| What to work on |
Find all the lines in the entries below that hold the word "Dirginčiūtė" and copy them.

| Information given |
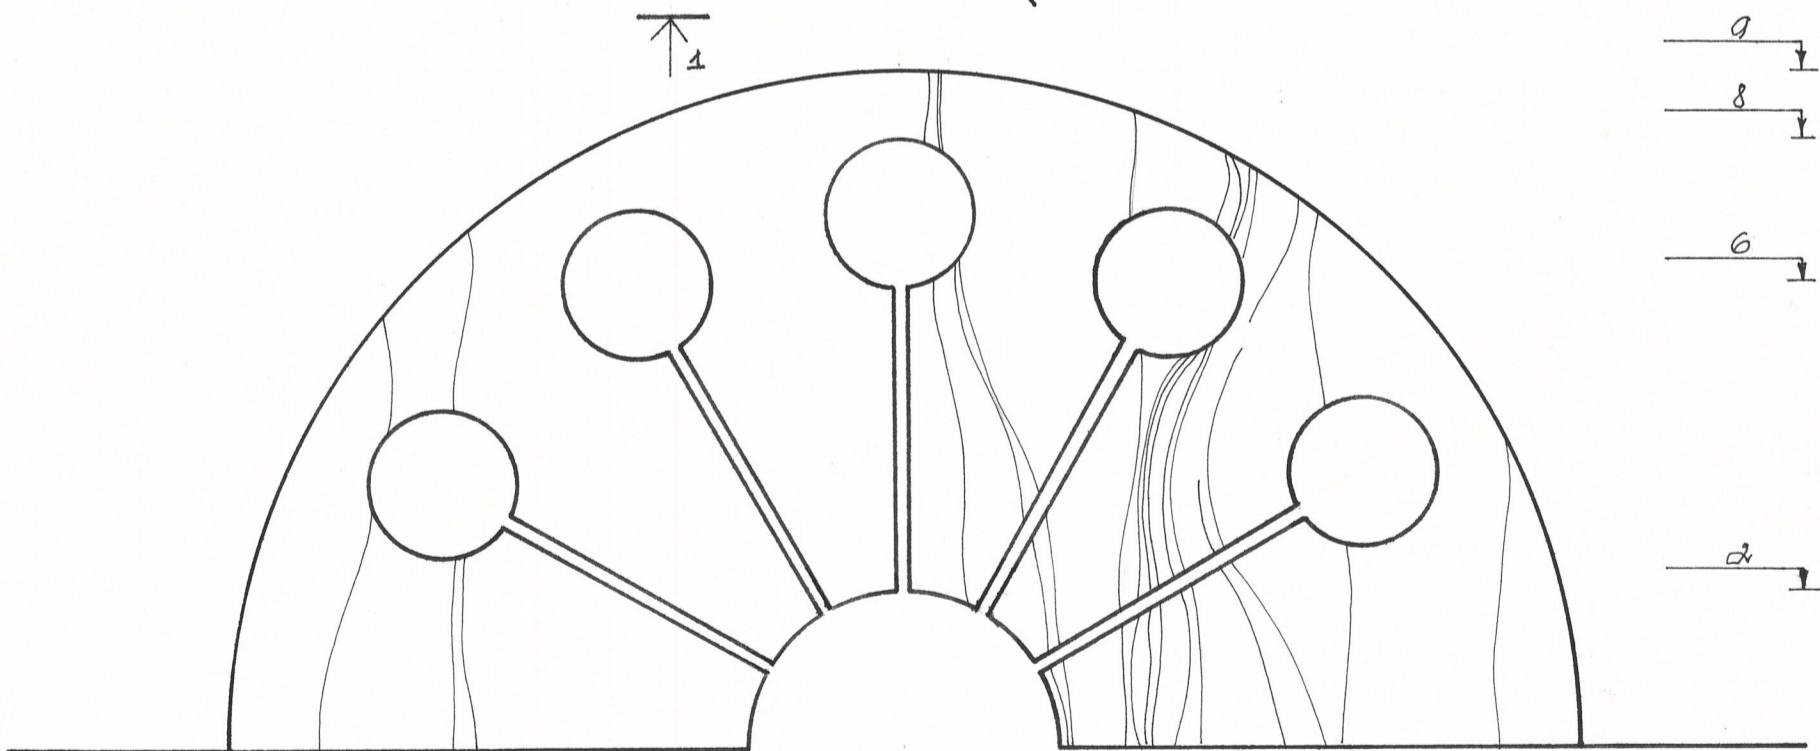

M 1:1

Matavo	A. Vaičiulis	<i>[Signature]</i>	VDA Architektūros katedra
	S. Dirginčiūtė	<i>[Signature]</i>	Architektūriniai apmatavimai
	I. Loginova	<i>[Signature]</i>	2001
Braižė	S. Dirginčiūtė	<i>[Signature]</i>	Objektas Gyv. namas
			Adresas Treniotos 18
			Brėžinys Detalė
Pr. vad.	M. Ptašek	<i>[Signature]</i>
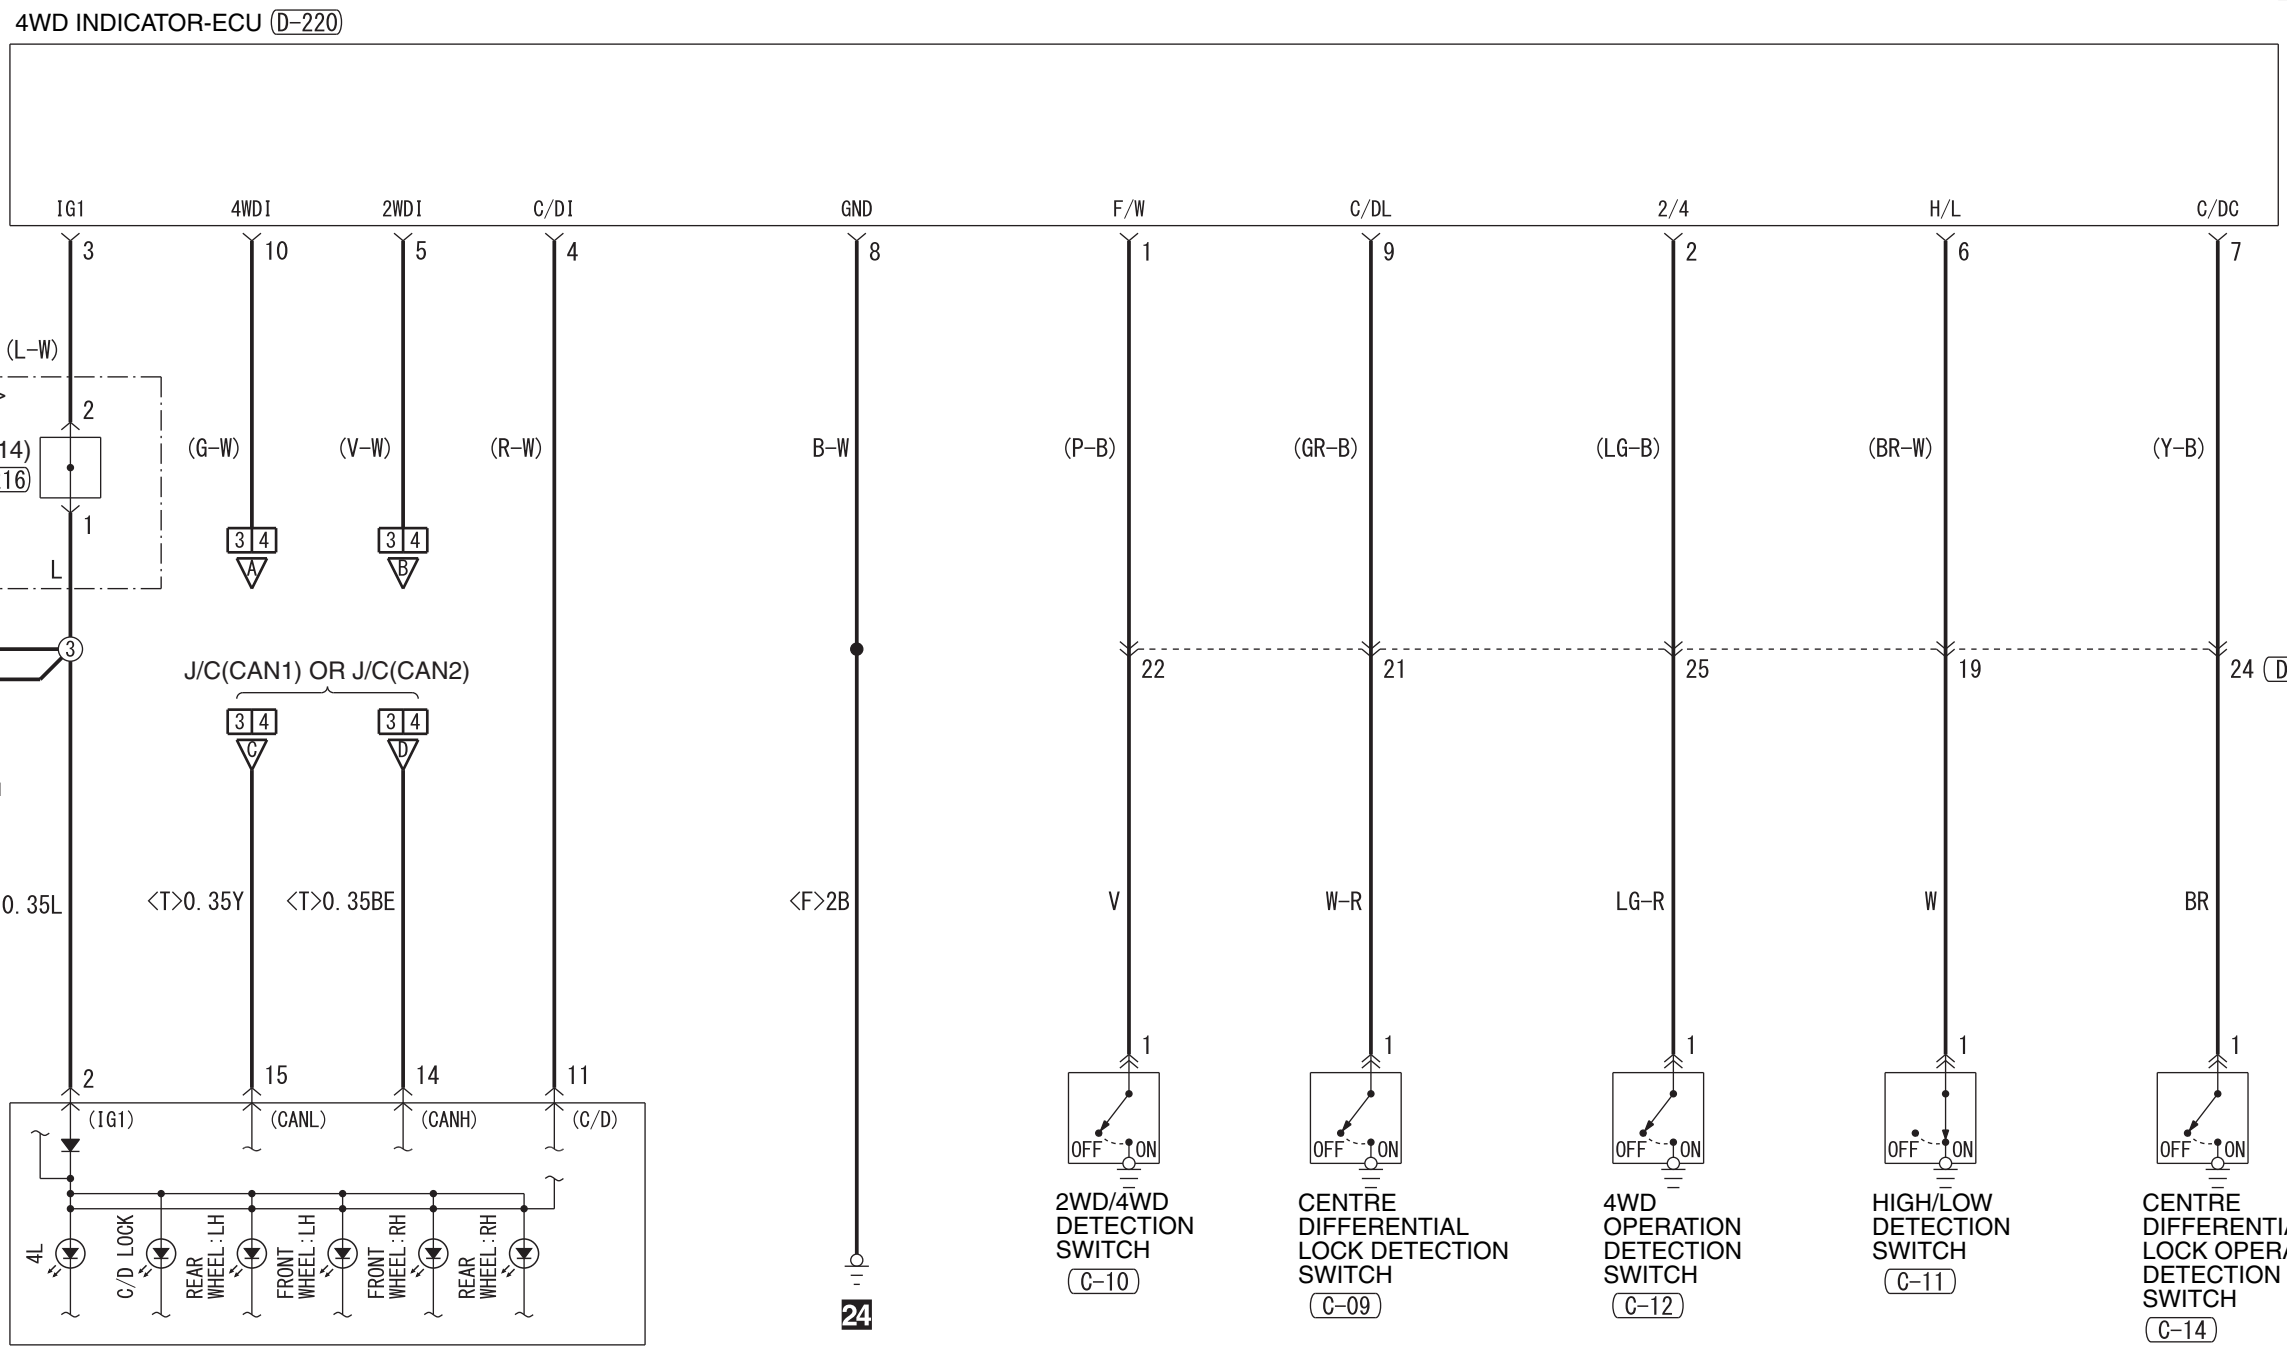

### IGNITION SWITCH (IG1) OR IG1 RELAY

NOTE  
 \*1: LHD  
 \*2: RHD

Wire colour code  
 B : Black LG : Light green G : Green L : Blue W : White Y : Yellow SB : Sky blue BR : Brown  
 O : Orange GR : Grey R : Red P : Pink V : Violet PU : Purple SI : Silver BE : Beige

| Task response |
	S. Dirginčiūtė	<i>[Signature]</i>	Architektūriniai apmatavimai
Braižė	S. Dirginčiūtė	<i>[Signature]</i>	Objektas Gyv. namas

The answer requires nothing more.